Democrat-turned-Republican Chuck Peruto, a defense lawyer who supported Krasner four years ago but now is one of his harshest critics, is running unopposed in the GOP primary.

» READ MORE: Philly’s Democratic Party rebuffs DA Larry Krasner’s bid for an endorsement

Krasner is touting his conviction integrity unit in campaign stops, noting it has secured the exoneration of 19 people convicted by his predecessors. His campaign literature includes a testimonial from one of them, Chester Hollman, saying, “It wasn’t until Larry Krasner became the DA that someone finally heard my voice and restored my liberty.” That’s a significant culture shift for an office with a history of tough-on-crime rhetoric.

Krasner has pointed to Vega’s attempt to keep in prison Anthony Wright, convicted of rape and murder in 1991 and found not guilty in a second trial in 2016. Wright was cleared by DNA evidence.

Vega said he was brought in to help in the 2016 retrial and was later deposed in a civil lawsuit that prompted the city to pay Wright almost $10 million. Vega noted he was not named as a defendant in that suit and accused Krasner of a “bald-face lie” in blaming him for the case.

“I was brought in at the eleventh hour, two weeks before the trial, just to question three witnesses,” Vega said.

Mustafa Rashed, a political consultant not working for either campaign, said Krasner can’t just run as a reformer this time.

“If the goal was public safety and criminal justice reform, those have to be married,” Rashed said.

Vega’s challenge, Rashed said, is finding a “middle lane” in a race that sometimes feels like Krasner versus the Fraternal Order of Police, the police union that has been harshly critical of Krasner.

Krasner has clashed at times with other criminal justice figures, from former U.S. Attorney William M. McSwain to Pennsylvania Attorney General Josh Shapiro. His relationship with the FOP is one of constant rhetorical warfare.

And he’s no darling in his own party. The Democratic City Committee voted this month for an “open primary,” denying Krasner an endorsement — a highly unusual step in a city where incumbents typically get the party nod. Party chair Bob Brady said some ward leaders driving the decision were unhappy with Krasner’s explanation for the surge in homicides and gun crimes.

It remains to be seen whether or how much that will hurt Krasner’s prospects. He’s running in an off-election year that typically lacks huge voter interest. And Krasner still has the backing of powerful progressive groups such as Reclaim Philadelphia. Krasner won the seven-candidate 2017 primary with 38% of the vote. But four out of five Democratic voters didn’t cast a ballot.

“Does Vega have the ability to make people pay attention so he can make his argument?” Rashed asked. “There’s clearly election fatigue, coming off a presidential year.”

Vega has polished and perfected an endearing stump speech that recounts him working the cash register of his mother’s New York bodega and climbing the prosecutorial ranks while working night shifts at UPS as a single father.

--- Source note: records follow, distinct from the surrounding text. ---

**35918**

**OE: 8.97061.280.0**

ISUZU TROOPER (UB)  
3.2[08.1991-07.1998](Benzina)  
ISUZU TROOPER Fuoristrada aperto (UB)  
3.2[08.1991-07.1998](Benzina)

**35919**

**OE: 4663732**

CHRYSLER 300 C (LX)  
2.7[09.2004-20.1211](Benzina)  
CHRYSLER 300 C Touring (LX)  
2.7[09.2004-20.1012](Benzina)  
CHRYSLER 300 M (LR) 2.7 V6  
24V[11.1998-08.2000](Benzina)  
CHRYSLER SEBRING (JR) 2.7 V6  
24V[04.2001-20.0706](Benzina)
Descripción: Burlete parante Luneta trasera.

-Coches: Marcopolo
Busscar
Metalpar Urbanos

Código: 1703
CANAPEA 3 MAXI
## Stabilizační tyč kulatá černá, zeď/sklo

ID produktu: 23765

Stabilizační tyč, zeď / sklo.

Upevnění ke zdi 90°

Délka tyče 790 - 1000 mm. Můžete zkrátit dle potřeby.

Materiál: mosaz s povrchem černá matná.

But whether he will have the necessary resources to unseat an incumbent still popular with many progressives is an open question. So is whether outside political groups, which played a big role in Krasner’s 2017 win, once again spend big.

Vega is competitive in campaign contributions, raising just more than $335,000 this year, with $355,000 in the bank as of March 29. Krasner raised more than $421,000 this year, with $351,000 in the bank.

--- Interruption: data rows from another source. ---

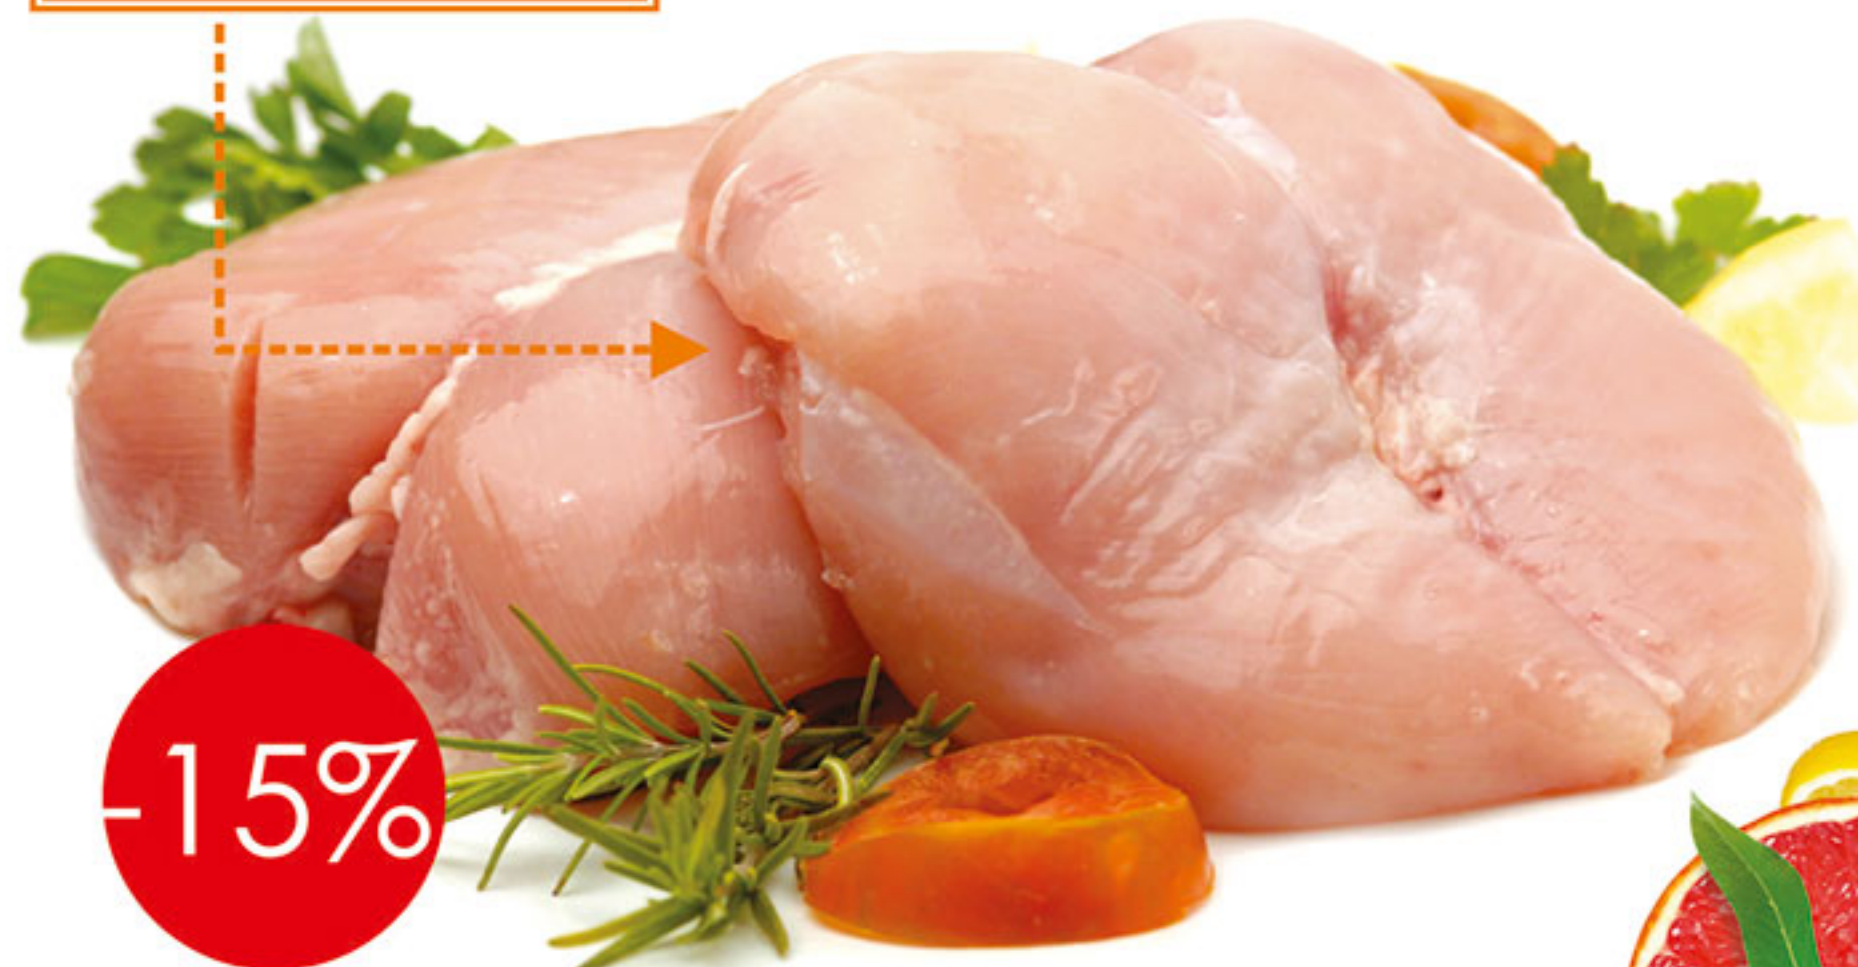

Грудка куриная
1кг
25 руб.

-15%

Шницель свиной
натуральный рубленый
100г
33⁸⁰ руб.

-15%

Krasner benefited four years ago from almost $1.7 million spent by Philadelphia Justice & Public Safety, a PAC funded by George Soros, a billionaire philanthropist. A spokesperson for that PAC did not respond when asked whether it would again back Krasner.

Protect Our Police PAC, founded last year by retired Philadelphia police officers opposed to Krasner and progressive candidates backed by Soros, has said it will not endorse Vega, but intends to focus on defeating Krasner.

“This really is a contest between the past and the future,” Krasner said last week.